DCE Cassandra 3.9 slow secondary index creation during joining existing cluster

380 Views Asked by At

We have cassandra cluster with 32 nodes, average node size is about 1TB. Node configuration 1xIntel Xeon E3-1271v3, 32GB ram, 2x3TB HDD. We have one DB with some small tables and one big table, that holds is about 90-95% of total cluster size.

I try to add additional nodes to this cluster, but suddenly find out, that adding one node to existing cluster take is about 13-14 days for joining to cluster. Build secondary indexes take most of this time and all this time i see that all compactor threads take all available CPU.

I have changed cassandra config to extends limits:

  • concurrent_compactors: 4
  • compaction_throughput_mb_per_sec: 0

Cassandra full config

Schema

Is about 1 year ago we also add new nodes to this cluster and extend it from 16 nodes to 32 nodes cluster, average node size was 1TB before cluster extends. Cassandra version was 2.1. One node joining time was 1-1.5days.

So the question how can we speed up this process ? Did we miss something ?

Thanks.

1

There are 1 best solutions below

0
On

This one is a bit longer so I can't put it into comment ... sorry.

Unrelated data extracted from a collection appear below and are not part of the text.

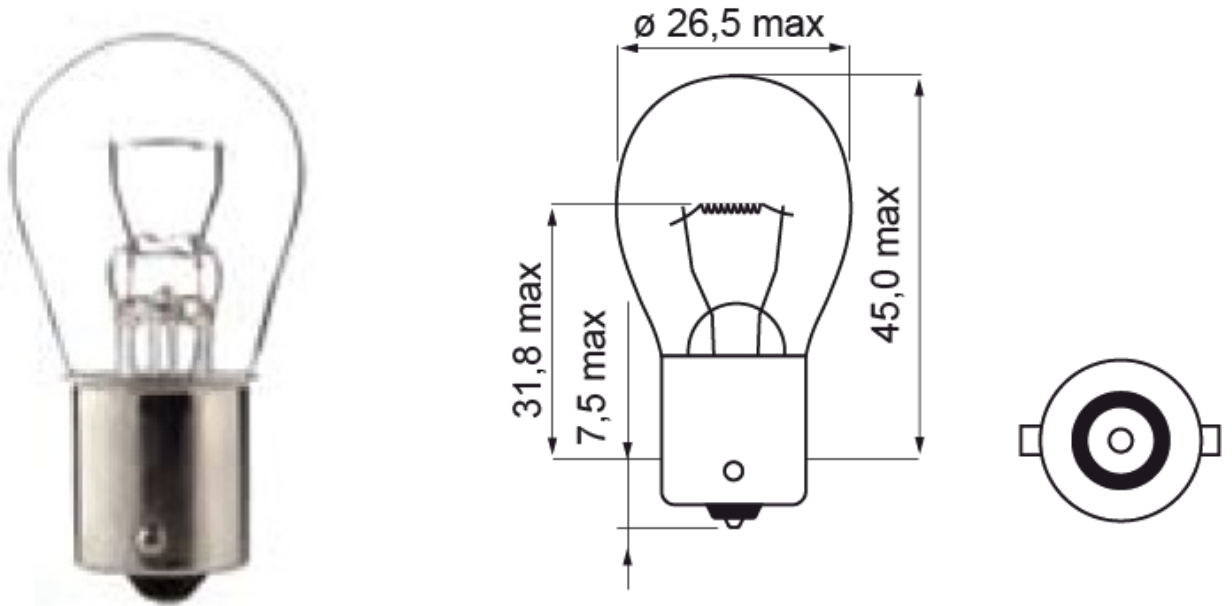

A300001

Lamp | BA 15s-P21W | 21Watt | 12V

EAN: 5414184000537

Specificaties

Bestelbaar per	10	Verpakking	POS verpakking
Gewicht (kg)	0,105 Kg	Voeding	12V
Keuring	ECE	Watt	21 Watt
Kleur	Wit		
Lampvoet	BA 15s		
Lichtbron	Halogeen

I know that this sounds a bit strange, especially for a later stage of your project, but the thing is with the indexes the situation won't get any better over time. I would strongly recommend to start making your own tables instead of just putting index on following stuff. Depending on how often the data is accessed you can use "inverted indexes".

CREATE INDEX links_by_author_url_idx ON keyspace.links_by_author (url);


CREATE INDEX docs_url_idx ON keyspace.docs (url);


CREATE INDEX om_master_object_id_idx ON keyspace.om (master_object_id);


CREATE INDEX actions_pday_idx ON keyspace.actions (pday);


CREATE INDEX authors_yauid_idx ON keyspace.authors (yauid);

CREATE INDEX authors_login_lr_idx ON keyspace.authors (login_lr);

CREATE INDEX authors_login_idx ON keyspace.authors (login);

CREATE INDEX authors_email_idx ON keyspace.authors (email);

CREATE INDEX authors_name_idx ON keyspace.authors (name);

Basically every index that you have here enables you to "search" over base entities to find them by some condition. Most of the conditions are actually pretty narrow which is a good news. But the thing is the indexes will become massive (already did), especially on docs and authors. But I guess doc's is more problematic.

You should consider making separate tables for this. Every index that you create will be there on every node in the cluster and in the end you will hold far more data than you really need too because under the hood data is multiplied per node. When you add replication factor to this system is using a lot of space without you even being aware.

The problem with joining nodes is that when they receive new data all the data in the cluster needs to be rebuilt ... for every single node in the cluster and this is costing you a lot of time. So basically you loose all the benefits of "easy node joining" that cassandra has.

Now you might think that space will become problem when you write the data into your new schema that is denormalized ....

If space is the problem you can use a technique called inverted indexes where you just put the id of the information into the search table and then you make second load in the main table. I used this on some project where space was the issue but since you have all the main stuff indexed space will probably not be a problem because you are already using a lot more than you think. (my bet would be that you will also probably save significantly on space)

Anyway all the indexes should become tables ... if consistency is problem, use batches (don't use materialized views yet because you might loose data).

My honest tip is that you stay away from indexes. I know it's hell to refactor this plus it's hard to get the time to refactor :( But I think it should be manageable.